▸ GIVEN ENTRIES
▼▼▼

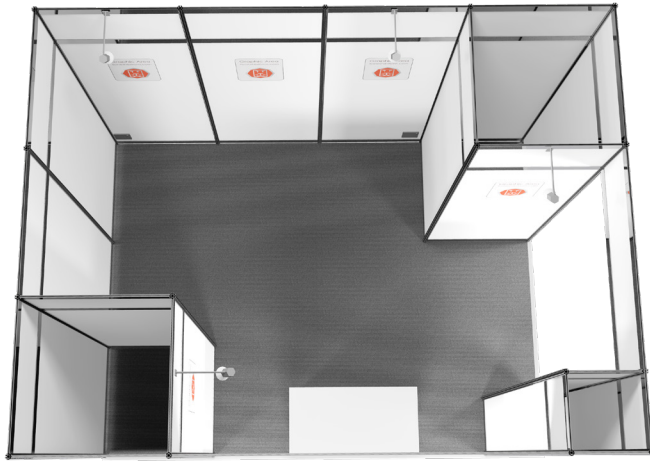

ES3/C
4m x 3m
3m High
4 x Long Arm Spots
20mm Raided Floor/Aluminium Edging (2 Sides)
Carpet
5 x Graphic panels / 1 x Reception Graphic
2 x Sockets

Lion Exhibition Services Ltd

▲▲▲

▸ PROMPT
What is needed is an exact repeat of the records, with every picture left out.

▸ RESPONSE FOR THIS EXERCISE
ES3/C
4m x 3m
3m High
4 x Long Arm Spots
20mm Raided Floor/Aluminium Edging (2 Sides)
Carpet
5 x Graphic panels / 1 x Reception Graphic
2 x Sockets

Lion Exhibition Services Ltd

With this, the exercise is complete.